L’emblématique piscine de plein air du centre-ville de Grenoble franchit une étape historique. Après une phase d’expérimentation réussie, la municipalité a annoncé ce mercredi 13 mai la pérennisation d’une ouverture sur trois saisons.
Historiquement réservée aux mois de juillet et août, la piscine Jean Bron vit une petite révolution. Depuis le 31 mars dernier, ses lignes d’eau accueillent de nouveau scolaires, clubs et grand public. Ce point d’étape, réalisé par Laurence Ruffin, Maire de Grenoble, et Meriem Naili, adjointe aux Sports, confirme le succès de la phase d’essai lancée à l’automne 2025. Avec plus de 5 550 usagers à l’automne et déjà 4 188 entrées enregistrées depuis fin mars, l’engouement est au rendez-vous.

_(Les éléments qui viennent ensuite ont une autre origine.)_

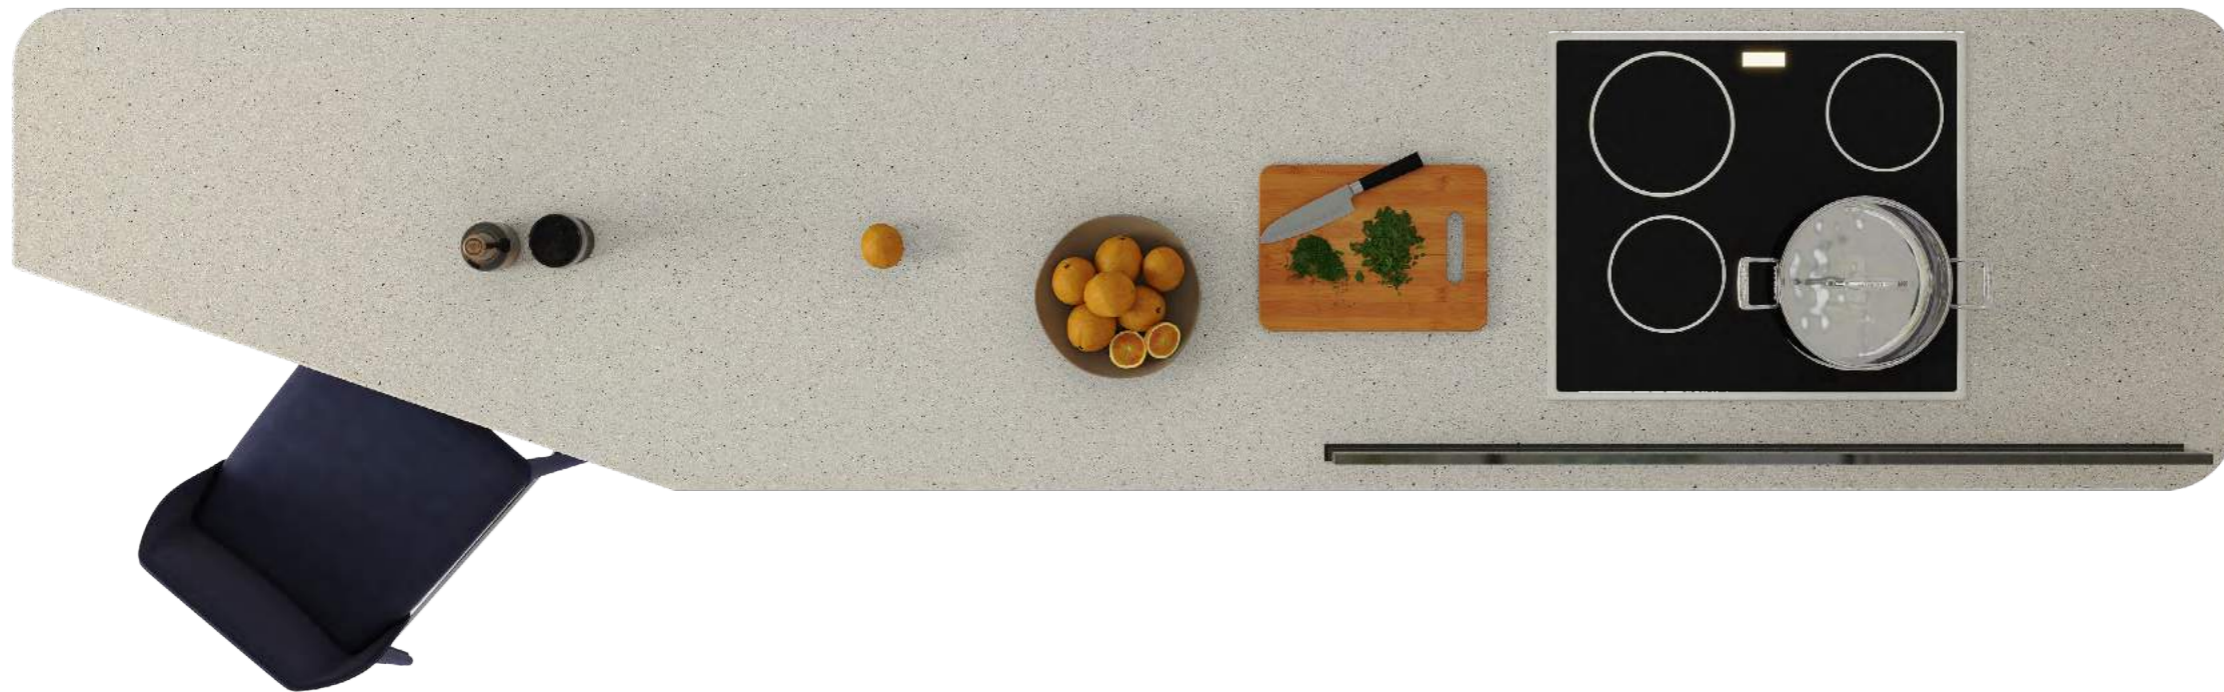

GLAM CREMA

**EVITALIZE YOUR BATHROOM
WITH THE EXQUISITE ELEGANCE OF
OUR SLAB TILES, CREATING
A STUNNING SPACE THAT EXUDES
BEAUTY AND LUXURY.**

Cette réussite permet aujourd’hui d’acter la suite du projet. "Ce qu’on annonce, c’est la pérennisation et l’ouverture 3 saisons sur 4 de Jean Bron, c’est-à-dire au printemps, à l’été et à l’automne. Et c’est le lancement d’une trajectoire qui va être plus longue, puisque l’idée à moyen terme, c’est d’avoir Jean Bron 365", explique Laurence Ruffin.
Des aménagements techniques pour un coût maîtrisé ?
Pour transformer un bassin d’été en équipement capable de braver la fraîcheur printanière, la Ville a investi environ un million d’euros dans des dispositifs spécifiques. "Pour accueillir le public dès l’automne, on a pu mettre en place des barnums isolés et chauffés pour permettre aux personnes de venir à partir des vestiaires jusqu’au bassin de manière confortable", précise la municipalité. À cela s’ajoutent une couverture thermique nocturne et le raccordement au chauffage urbain, assuré à 80 % par des énergies renouvelables.

Meriem Naili souligne que le "coût de chauffage qui n’est pas plus important qu’une piscine couverte" . En effet, "sur la piscine ouverte, on n’a pas besoin de chauffer, de déshumidifier l’air ambiant, contrairement à une piscine couverte". Sur la première période d’essai, la dépense en fluides s’est élevée à "7 000 euros", un chiffre jugé très raisonnable par les élus au regard du service rendu.
Le "savoir-nager" : une urgence sociale et éducative
Au-delà de l’agrément, cette extension d’ouverture répond à une problématique majeure de santé publique. À Grenoble, les tests de natation en fin de primaire sont inférieurs à la moyenne nationale. "Dans les quartiers populaires de la ville, on est sur un enfant sur quatre qui accède au test du savoir nager. On a les trois quarts d’enfants qui ne réussissent pas le test", s’alarme l’adjointe aux sports.
Le manque d’infrastructures est pointé du doigt : "On a trois fois moins de piscines par habitant à Grenoble que dans d’autres villes". L’ouverture de Jean Bron sur trois saisons permet donc de compenser les fermetures techniques d’autres établissements, comme la piscine du Clos d’Or actuellement en travaux, et d’offrir des créneaux supplémentaires indispensables aux écoles.
Vers "Jean Bron 365" : les défis de demain
Si le projet "Jean Bron 215" (pour 215 jours d’ouverture) est désormais une réalité, le passage à une ouverture intégrale en hiver représente un défi d’une autre dimension. Pascal Reydellet, chef de service des équipements sportifs, tempère les attentes immédiates : "Aujourd’hui, la couverture thermique et les équipements qu’on a mis en place ne suffiraient pas. Il faudrait aller sur des gros travaux, notamment un passage qui puisse faire le lien entre les vestiaires et le bassin avec un sas."

La mairie va lancer des études complémentaires pour évaluer les investissements nécessaires, notamment pour garantir le confort du personnel de surveillance et optimiser le chauffage par grand froid. En attendant, Jean Bron se prépare pour sa saison estivale. L’ouverture printanière s’achèvera le 6 juin, avant de laisser place, dès le 15 juin, aux horaires d’été et aux traditionnelles nocturnes jusqu’à 20h30.